The frontend is where the crucial difference lies – Replicache is just a KV store. It is a thin layer on top of IndexedDB that adds reactivity and some querying DX. That's it. You get raw get
and set
performance. Some performance benchmarks are outlined here. The perf is truly remarkable.
The drawback to this KV approach is that searching/sorting/ordering entities would require scanning through entire collections. This is obviously a non-starter. In other words, if we wanted to use Replicache, we would need to handle indexing and search on our own.
We'll post more detailed write-ups on our tech stack in the future, but a quick summary of where we landed on the frontend is: Replicache + Orama. This gives us sophisticated and battle-tested data sync with conflict resolution and rebasing, but also extremely flexible and powerful indexing, full-text search, and more.
At the time of writing (January 2025), the Replicache team have just made it completely free and open source. This is because they've just released Zero, which looks extraordinarily compelling and will likely jump into the #1 spot for any offline-first product available.
We're eager to try Zero once it's a bit more stable, but for now will build our product on the extremely capable and robust piece of software that is Replicache.
Future of Offline-First
We embarked on a long and rambling journey through essentially all prior art and work in the offline-first world. It's a very hard problem to solve.

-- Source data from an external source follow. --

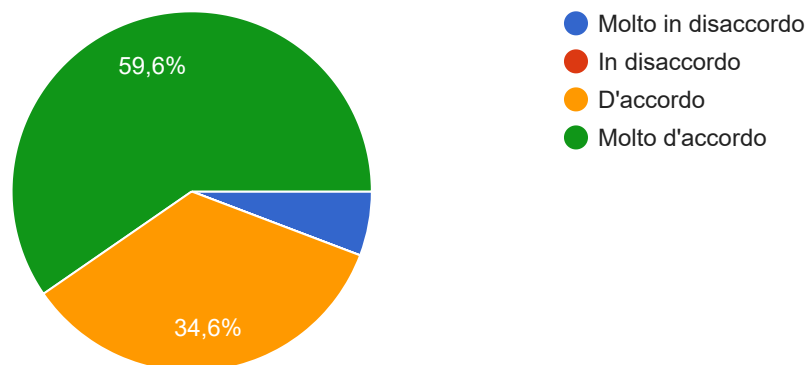

Questionario Docenti A.S. 2021/2022 I C SANTA CROCE

52 risposte

[Pubblica i dati di analisi](#)

In questa Istituzione Scolastica la qualità degli insegnamenti è omogenea tra le diverse sezioni

 Copia

52 risposte

Questa Istituzione Scolastica è diretta in modo efficace

 Copia

52 risposte

In questa Istituzione Scolastica il Dirigente contribuisce a creare un clima di lavoro positivo

52 risposte

- Molto in disaccordo
- In disaccordo
- D'accordo
- Molto d'accordo
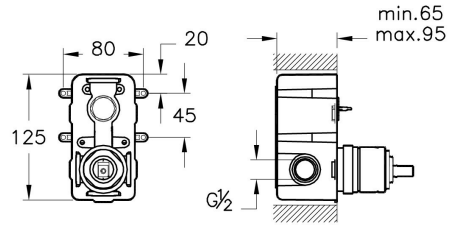

Tanım	Minibox
Colour	Chrome
Award	Golden Plumbing Building Product Award
Guarantee	10 Years
Mounting type	Flush
Brand	VitrA

Ürün Kodu: A41949

## Açıklama

Built-in shower valve, 2 way

VitrA haber vermeksizin, ürünler ve teknik detaylarında değişiklik yapma hakkını saklı tutar.

Tüm çizimler standart toleranslar dahilindedir. Montaj uygulamalarında kesin ölçü ihtiyacı olursa ürün üzerinden alınan birebir ölçüler kullanılmalıdır.

The good news is that there are many new teams and projects actively and energetically working on this problem.
Imagine a world where, as a fullstack developer, you can read and write data from an SDK in both your backend and your frontend, and they magically sync with each other. All your apps are instantly responsive. All your apps work offline out of the box.
This is already possible today with Triplit or InstantDB, if your use case is reasonable. And things are only improving.
I believe 2025 will be a year where HTTP/REST APIs will start to feel antiquated. Don't share endpoints – share databases.